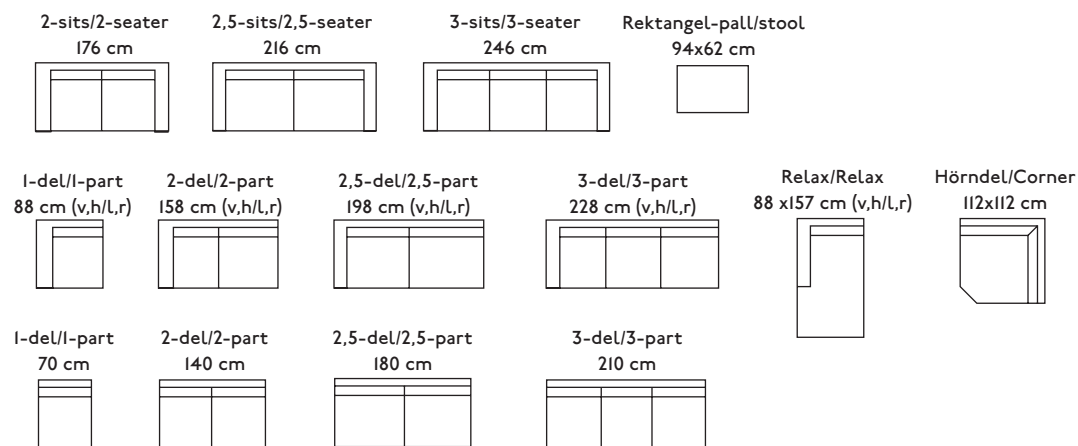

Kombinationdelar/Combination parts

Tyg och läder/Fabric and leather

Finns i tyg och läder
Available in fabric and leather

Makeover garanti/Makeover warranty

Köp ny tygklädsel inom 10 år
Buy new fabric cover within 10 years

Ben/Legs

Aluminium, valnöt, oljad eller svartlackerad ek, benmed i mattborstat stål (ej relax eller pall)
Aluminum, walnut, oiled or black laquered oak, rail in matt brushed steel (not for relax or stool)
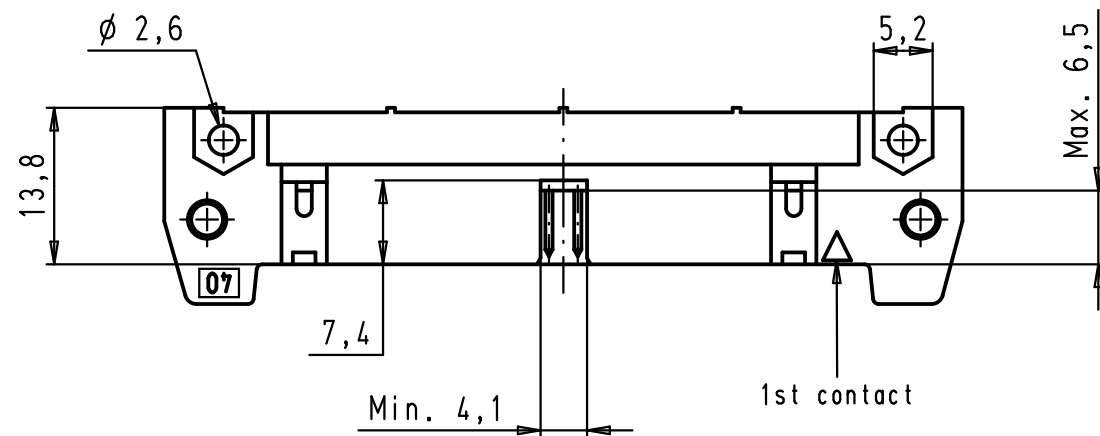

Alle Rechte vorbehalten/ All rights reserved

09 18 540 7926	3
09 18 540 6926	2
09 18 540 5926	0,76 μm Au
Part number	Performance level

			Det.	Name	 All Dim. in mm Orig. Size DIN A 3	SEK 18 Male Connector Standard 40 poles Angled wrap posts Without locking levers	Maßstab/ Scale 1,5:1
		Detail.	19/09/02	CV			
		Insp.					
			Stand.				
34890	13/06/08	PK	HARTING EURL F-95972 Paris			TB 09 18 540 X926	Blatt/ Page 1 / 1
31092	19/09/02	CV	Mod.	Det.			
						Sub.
------------------------------
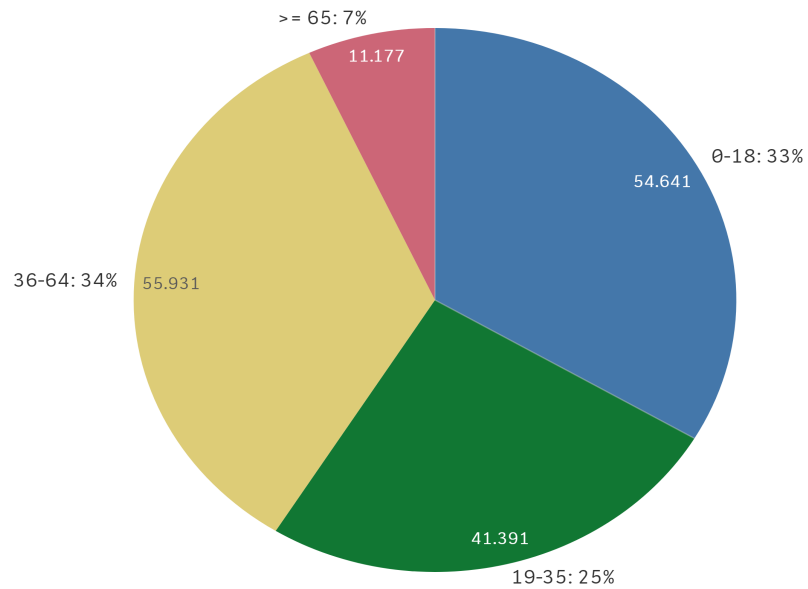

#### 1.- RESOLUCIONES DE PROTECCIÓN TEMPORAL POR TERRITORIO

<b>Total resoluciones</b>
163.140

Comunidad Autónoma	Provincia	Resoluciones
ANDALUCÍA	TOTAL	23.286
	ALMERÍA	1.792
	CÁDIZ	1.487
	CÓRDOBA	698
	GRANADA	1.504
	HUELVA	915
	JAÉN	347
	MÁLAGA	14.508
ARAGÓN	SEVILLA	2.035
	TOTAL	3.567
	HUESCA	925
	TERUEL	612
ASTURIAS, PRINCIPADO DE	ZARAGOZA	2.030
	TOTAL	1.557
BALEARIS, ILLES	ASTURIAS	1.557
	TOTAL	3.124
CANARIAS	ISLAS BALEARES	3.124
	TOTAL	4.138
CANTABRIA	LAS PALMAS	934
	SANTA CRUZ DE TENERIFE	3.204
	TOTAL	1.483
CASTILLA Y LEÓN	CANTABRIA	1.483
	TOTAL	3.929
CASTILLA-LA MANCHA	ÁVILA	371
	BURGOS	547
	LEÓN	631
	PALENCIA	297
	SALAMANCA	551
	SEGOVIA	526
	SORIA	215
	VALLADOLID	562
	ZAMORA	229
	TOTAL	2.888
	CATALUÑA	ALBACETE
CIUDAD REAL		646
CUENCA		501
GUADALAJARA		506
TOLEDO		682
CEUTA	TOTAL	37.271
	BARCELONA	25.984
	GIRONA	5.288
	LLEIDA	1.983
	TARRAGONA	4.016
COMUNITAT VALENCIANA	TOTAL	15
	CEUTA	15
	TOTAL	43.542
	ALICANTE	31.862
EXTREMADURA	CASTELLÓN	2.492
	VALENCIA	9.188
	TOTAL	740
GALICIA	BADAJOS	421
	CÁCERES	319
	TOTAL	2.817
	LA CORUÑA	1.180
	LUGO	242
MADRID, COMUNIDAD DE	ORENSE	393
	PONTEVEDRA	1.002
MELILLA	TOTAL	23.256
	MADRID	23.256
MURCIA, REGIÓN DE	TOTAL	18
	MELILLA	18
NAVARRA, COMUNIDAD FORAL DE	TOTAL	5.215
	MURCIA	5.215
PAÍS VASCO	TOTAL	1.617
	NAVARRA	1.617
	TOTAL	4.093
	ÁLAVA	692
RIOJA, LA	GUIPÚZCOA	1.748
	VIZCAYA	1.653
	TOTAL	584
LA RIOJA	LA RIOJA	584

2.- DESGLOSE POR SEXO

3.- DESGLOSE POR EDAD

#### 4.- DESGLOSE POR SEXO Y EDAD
------------------------------
Task directions:
Looking at the listing above, tally the lines containing "DESGLOSE" and give only that tally.

Response below:
3